The Bibliography (at present)

I do not believe that there is a viable way for me – as one who does not work in the fields of archaeology or classical civilizations full-time – to constructive a narrative worthy of the historical fiction genre without a substantial amount of research.

Here is my reading last up until now (no it is NOT in any academic format):

  • The Roman Invasion of Britain: Archaeology versus History, Birgitta Hoffman
  • Legions of Rome, Stephen Dando-Collins
  • Re-Kindling History, Boudica – Queen of the Iceni, David Carl Schafers
  • Roman Centurions 31 BC – AD 500, Raffaele D’Amato
  • Roman Army Units of the Western Provinces (1), 31 BC – AD 195, Raffaele D’Amato
  • Roman Britain, Henry Freeman
  • Lectures and Fragments, Gaius Musonius Rufus
  • Complete Tactitus Anthology (Agricola), Gaius Cornelius Tacitus
  • The Annals (Various parts pertaining to my setting), Gaius Cornelius Tacitus
  • De Bello Gallico, Gaius Julius Caesar
  • Legio XX, Valeria Victrix, Stephen James Malone
  • A Handmaid’s Tale, Margaret Atwood (I need to see more of the ‘1st person present’ style)
  • I, Claudius, Robert Greaves (‘1st person past’ is also relevant as is the setting)
  • Eats, Shoots and Leaves (Lynn Truss)

Needless to say that this is only the tip of the iceberg. The trick though, is to immerse readers into an entirely different world to the one they know without making it seem like a boring history lesson!

The Boleyn Countess

Well, if my own novella is still in the works, I am proud to say that my mother’s work of historical fiction is still in publication and doing the rounds!

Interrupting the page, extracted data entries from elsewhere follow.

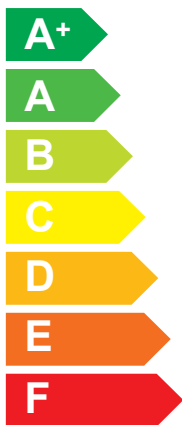

ENERG

енергия · ενεργεια

3302080

ELCO

AEROTOP MONO 08.2 M-CRX 2Z

A++

A+

Two icons showing sound power levels. The top icon shows a speaker inside a house with the value 42 dB. The bottom icon shows a speaker outside a house with the value 57 dB.

- 11 kW (dark blue square)
- 08 kW (medium blue square)
- 04 kW (light blue square)

It is a novella based on the life of Lady Elizabeth Howard, mother of Anne Boleyn and it is told from her point of view. Those who are familiar with Tudor history will recognise Anne Boleyn as a former Queen of England and second wife of King Henry VIII. Alas, it would be most unfair for me to give a review of a novella written by my mother (five stars – obviously!), but I do recommend it as a more than worthy read for any fans of historical fiction or the Tudor period of England.

  • On Facebook, one can find Deborah Findlay @debswriting

It is a great read and I thoroughly enjoyed it!

The First Post

This post is an introduction to my website as an author. I have recently pulled a historical fiction novelette of mine from a publisher and am in the finishing stages of a fantasy novella. The time has come to place my writing blogs and any updates related to my publications on a separate website.

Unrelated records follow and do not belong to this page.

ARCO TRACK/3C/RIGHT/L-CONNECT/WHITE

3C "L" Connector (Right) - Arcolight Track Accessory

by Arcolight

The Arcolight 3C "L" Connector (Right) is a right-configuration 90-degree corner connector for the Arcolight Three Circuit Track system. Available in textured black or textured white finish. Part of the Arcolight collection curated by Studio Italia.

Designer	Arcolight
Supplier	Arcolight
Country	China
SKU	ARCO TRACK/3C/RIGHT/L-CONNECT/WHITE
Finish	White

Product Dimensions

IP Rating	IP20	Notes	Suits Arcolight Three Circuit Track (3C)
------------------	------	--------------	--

finphoto.net is still active and I am posting fairly frequently regarding my photographic exploits and endeavours, having now moved over to being a Sole Proprietor of “Findlay Photography and Digital Services.”

I decided to re-post and brand my publications separately for both my own convenience and for that of exploring surfers, hence the purpose of this site which I will be developing over the coming months.